Emsal Mahkeme Kararı Antalya Bölge Adliye Mahkemesi 7. Hukuk Dairesi 2020/939 E. 2022/414 K. 31.03.2022 T.

Görüntülediğiniz mahkeme kararı henüz kesinleşmemiştir. Yararlı olması amacıyla eklenmiştir.

T.C.
ANTALYA
BÖLGE ADLİYE MAHKEMESİ
7. HUKUK DAİRESİ

T Ü R K M İ L L E T İ A D I N A
İ S T İ N A F K A R A R I

İncelenen Kararın
Mahkemesi : Antalya 4. Asliye Ticaret Mahkemesi
Tarihi : 19/06/2020
Dava Türü : İtirazın İptali (Antalya 8. İcra … Esas)
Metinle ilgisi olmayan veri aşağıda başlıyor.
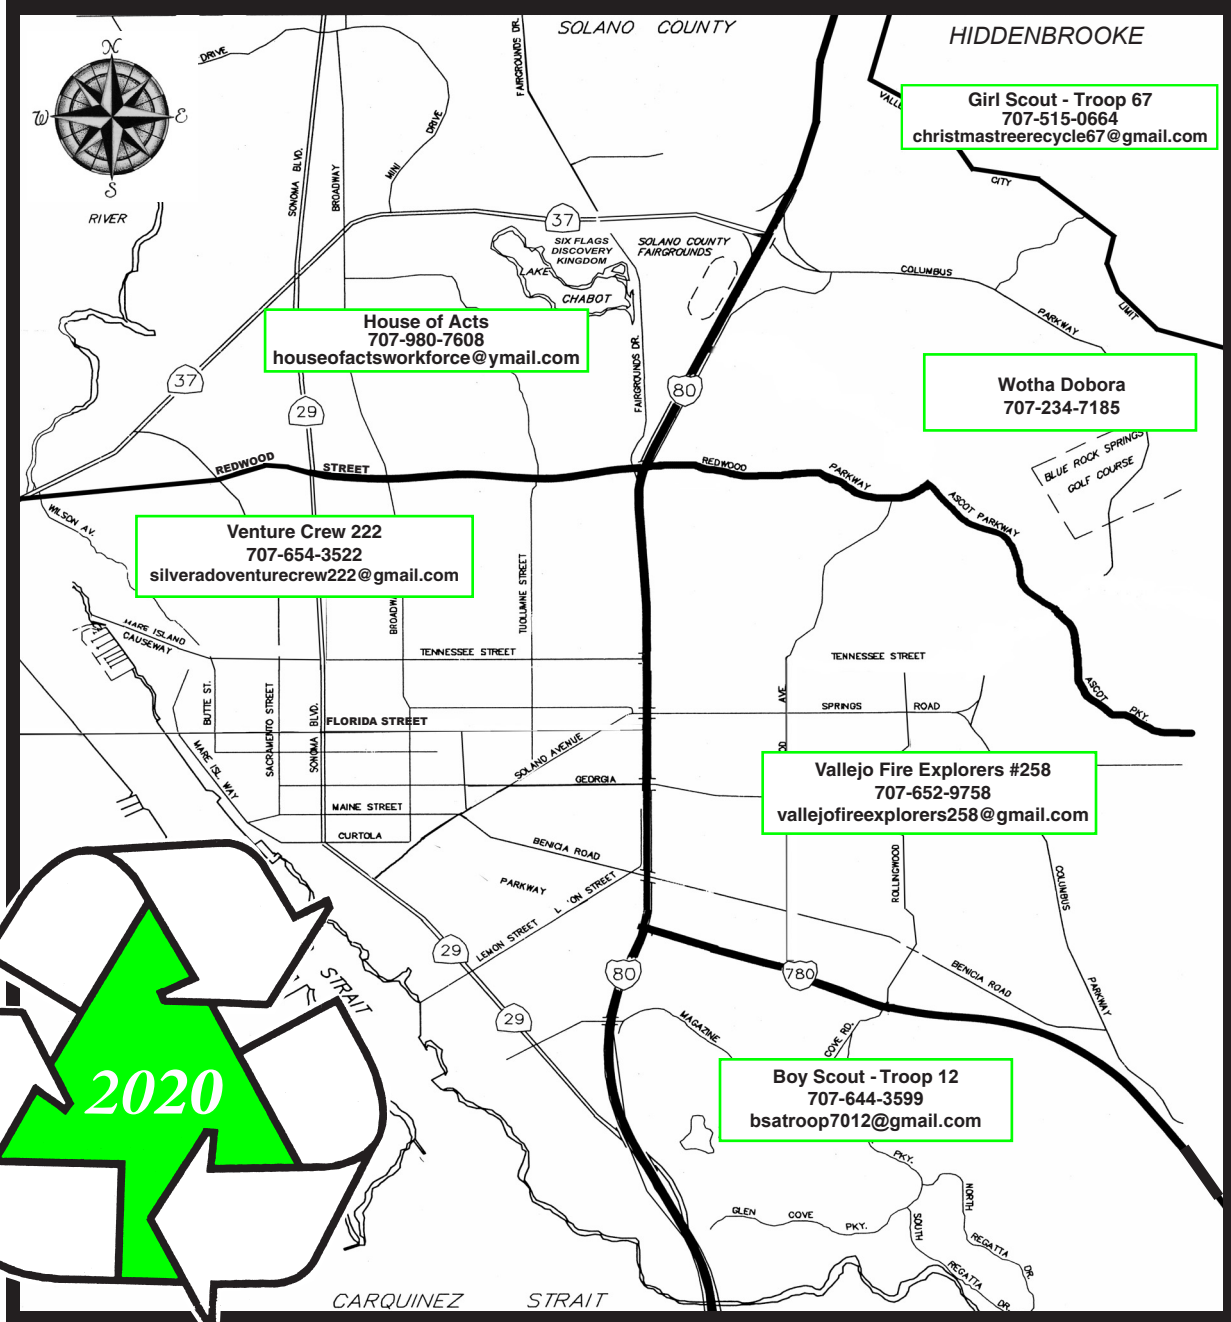

**Drop-Off Site: VALCORE RECYCLING, 38 Sheridan Street, (707) 645-8258. (NO CHARGE) No flocked trees, No tree stands and No ornaments.**

• Dec. 28<sup>th</sup> through Jan. 22<sup>nd</sup>, Mon - Fri. from 9am - 4:30 pm; closed daily 1-2 pm for lunch; Closed Saturdays and Sundays.

**Curbside Collection -**

•Dec. 26<sup>th</sup>: Trees must be cut or must fit inside your green waste cart. Whole trees outside the cart will NOT be picked up. No flocked trees, No tree stands and No ornaments. Vallejo Unincorporated residents and City residents can contact Recology Vallejo, at (707) 552-3110 if you have questions (NO CHARGE).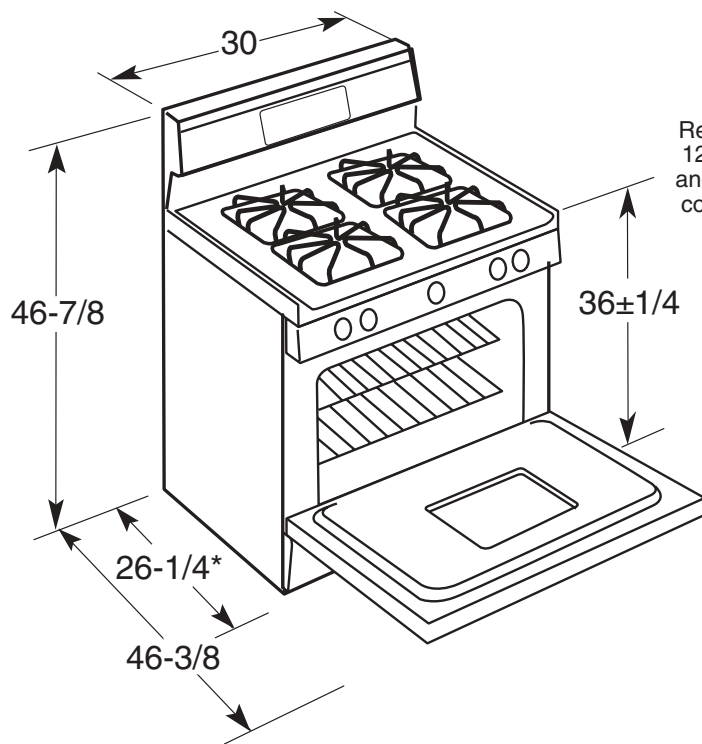

GE Appliances

JGBS22BEH – GE® 30" Free-Standing Standard Clean Gas Range

Dimensions (in inches) and Installation Information

*Dimension from wall to front of closed door handle is 29".
 Depth to front edge of cooktop – 25-1/4".

Recommended area for 120V outlet on rear wall and area for thru the wall connection of pipe stub and shut-off valve

Factory set for Natural gas. A set of LP orifices is included with each range for LP conversion.

**Gas Self-Clean Range
 Anti-Tip Bracket
 (Part No. 205C1714P001)**

Electrical Rating: 120V, 60Hz, 5A

Installation Information: Before installing, consult installation instructions packed with product for current dimensional data.

Mahalli mahkemenin kararına karşı istinafa başvurulmuş olmakla, Dairemiz Üyesi tarafından hazırlanan rapor incelendi. Yapılan müzakere sonucu,
GEREĞİ DÜŞÜNÜLDÜ
Davacı vekili açtığı dava ile; Davacı şirket tarafından davalı şirkete verilen şov ve gösteri hizmeti karşılığında işin mahiyeti gereği Euro üzerinden faturaların tanzim edildiğini, davalının borcunu zamanında ödememesi üzerine kur farkı faturası düzenlendiğini ve davalı şirkete e-fatura olarak gönderildiğini, davalının kanuni sürede itiraz etmediği fatura alacağının tahsili için başlattıkları icra takibine karşı borçlu davalının kötüniyetle itiraz ettiğini belirterek, itirazın iptaline ve icra inkar tazminatına hükmedilmesine karar verilmesini talep ve dava etmiştir.
Davalı cevap dilekçesi sunmamış ve beyanda bulunmamıştır.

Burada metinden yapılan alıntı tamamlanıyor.